So it looks to me like the kernel side of this is already taken care of?

rothomp3 avatar Aug 01 '18 19:08 rothomp3

@luked99 Don't worry about vcsm at the moment. There's a new version in the pipeline that replaces the reloc heap with CMA allocations made on behalf of the VPU and mem_wrapped into a MEM_HANDLE_T.

There's also a V4L2 codec driver in progress, so that reduces MMAL to only being required for a couple of tasks.

6by9 avatar Aug 03 '18 08:08 6by9

Hi, is there any update on this? I managed to compile it all without errors. However, I believe mmal does not work. Is there a way to make it work?

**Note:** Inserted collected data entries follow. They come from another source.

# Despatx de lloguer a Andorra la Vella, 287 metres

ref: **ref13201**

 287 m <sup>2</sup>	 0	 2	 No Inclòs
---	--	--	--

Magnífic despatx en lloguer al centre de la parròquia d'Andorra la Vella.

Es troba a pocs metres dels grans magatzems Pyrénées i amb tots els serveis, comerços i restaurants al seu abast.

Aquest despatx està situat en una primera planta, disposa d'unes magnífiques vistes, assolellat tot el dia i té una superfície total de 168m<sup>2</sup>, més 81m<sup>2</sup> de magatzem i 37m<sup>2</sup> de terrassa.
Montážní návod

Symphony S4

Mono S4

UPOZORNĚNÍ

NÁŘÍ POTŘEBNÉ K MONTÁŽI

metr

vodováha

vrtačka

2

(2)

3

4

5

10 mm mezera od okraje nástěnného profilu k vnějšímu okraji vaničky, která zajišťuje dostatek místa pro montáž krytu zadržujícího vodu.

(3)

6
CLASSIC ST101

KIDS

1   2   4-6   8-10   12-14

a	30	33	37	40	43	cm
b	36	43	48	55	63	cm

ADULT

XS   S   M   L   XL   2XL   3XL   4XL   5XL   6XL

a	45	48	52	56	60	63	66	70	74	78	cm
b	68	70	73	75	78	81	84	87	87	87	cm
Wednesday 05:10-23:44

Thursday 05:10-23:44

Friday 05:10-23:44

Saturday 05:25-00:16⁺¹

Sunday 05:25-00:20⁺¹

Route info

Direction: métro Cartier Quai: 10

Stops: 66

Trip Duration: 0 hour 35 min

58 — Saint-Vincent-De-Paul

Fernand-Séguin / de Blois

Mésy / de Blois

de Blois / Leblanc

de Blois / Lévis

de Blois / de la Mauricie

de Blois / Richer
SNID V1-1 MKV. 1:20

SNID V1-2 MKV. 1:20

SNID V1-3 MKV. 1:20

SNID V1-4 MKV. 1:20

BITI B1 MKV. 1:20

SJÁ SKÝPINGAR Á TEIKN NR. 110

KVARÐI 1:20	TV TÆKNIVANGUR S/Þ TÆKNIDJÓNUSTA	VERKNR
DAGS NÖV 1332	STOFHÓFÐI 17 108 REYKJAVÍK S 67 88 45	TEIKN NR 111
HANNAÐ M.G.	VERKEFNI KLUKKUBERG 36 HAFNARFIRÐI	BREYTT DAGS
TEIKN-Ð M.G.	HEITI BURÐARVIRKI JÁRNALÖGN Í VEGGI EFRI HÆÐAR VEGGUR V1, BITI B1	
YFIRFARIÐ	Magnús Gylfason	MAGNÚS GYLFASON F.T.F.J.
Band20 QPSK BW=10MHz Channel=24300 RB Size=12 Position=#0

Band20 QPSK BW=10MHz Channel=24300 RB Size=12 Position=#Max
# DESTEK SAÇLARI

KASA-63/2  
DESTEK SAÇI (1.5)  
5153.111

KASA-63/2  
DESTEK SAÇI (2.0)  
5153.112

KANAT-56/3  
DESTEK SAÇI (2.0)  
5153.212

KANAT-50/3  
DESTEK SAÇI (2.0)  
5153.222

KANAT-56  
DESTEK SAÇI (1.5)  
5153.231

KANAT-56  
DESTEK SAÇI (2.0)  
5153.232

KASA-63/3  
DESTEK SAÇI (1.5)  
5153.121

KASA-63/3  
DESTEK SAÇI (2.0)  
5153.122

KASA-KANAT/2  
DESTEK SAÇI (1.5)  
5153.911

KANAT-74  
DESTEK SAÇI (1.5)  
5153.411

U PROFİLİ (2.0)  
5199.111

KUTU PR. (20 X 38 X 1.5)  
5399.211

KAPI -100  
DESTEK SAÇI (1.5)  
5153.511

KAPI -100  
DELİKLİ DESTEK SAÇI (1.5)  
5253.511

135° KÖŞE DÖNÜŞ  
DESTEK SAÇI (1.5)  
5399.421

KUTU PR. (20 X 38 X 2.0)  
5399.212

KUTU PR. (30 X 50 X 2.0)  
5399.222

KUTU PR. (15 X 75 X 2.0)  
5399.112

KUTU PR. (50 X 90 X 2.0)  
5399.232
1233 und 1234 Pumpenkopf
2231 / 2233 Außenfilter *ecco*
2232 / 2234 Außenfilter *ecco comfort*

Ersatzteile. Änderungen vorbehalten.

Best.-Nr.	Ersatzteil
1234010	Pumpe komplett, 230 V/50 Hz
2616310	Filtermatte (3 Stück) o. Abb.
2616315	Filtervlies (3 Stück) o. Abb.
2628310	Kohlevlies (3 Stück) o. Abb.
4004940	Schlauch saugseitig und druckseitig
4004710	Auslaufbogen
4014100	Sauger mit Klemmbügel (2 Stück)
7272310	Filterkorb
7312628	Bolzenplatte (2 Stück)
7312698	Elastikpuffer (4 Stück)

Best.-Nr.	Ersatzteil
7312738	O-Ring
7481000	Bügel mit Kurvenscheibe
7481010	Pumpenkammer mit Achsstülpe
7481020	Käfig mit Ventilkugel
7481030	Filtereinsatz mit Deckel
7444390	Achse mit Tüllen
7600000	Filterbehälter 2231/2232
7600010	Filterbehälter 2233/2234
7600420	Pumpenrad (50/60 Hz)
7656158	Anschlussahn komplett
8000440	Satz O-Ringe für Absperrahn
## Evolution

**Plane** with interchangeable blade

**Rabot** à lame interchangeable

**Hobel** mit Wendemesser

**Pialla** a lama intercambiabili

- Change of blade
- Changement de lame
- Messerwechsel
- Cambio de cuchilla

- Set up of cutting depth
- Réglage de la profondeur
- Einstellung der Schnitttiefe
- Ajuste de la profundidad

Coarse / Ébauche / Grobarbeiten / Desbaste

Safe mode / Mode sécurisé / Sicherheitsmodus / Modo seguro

alepi avatar Jan 11 '19 11:01 alepi

I also found GLES/EGL have issues... first time I do eglSwapBuffers it works but after a few frames I get a segfault. This does not happen on 32 bits build. Any idea?

alepi avatar Jan 22 '19 20:01 alepi

We are not currently doing any dev work on 64bit builds, and don't use them in house, so I'm afraid I have no idea about the EGL issue. Without any sort of details on the fault it will also be very difficult to determine the cause of the issue.

JamesH65 avatar Jan 23 '19 09:01 JamesH65

The firmware GLES / EGL drivers will never be updated for 64 bit systems - please use the vc4 KMS drivers instead (those should already support 64 bit).

OpenMax IL is very unlikely to get any 64bit love - it's a hideous API to work with, and MMAL offers better functionality.

MMAL still needs some work, and that is the one bit that may be tackled. The camera can already be accessed via V4L2 which should be supported on 64bit systems. The codecs can now be accessed via V4L2 using the 4.19 branch. With two further patches that I have I think that too should be able to support 64bit systems. That covers the main use cases for MMAL, but using it directly does allow some more efficient pipelines to be created.

vcsm is being rewritten.

That should cover the majority of the userland code.

6by9 avatar Jan 23 '19 09:01 6by9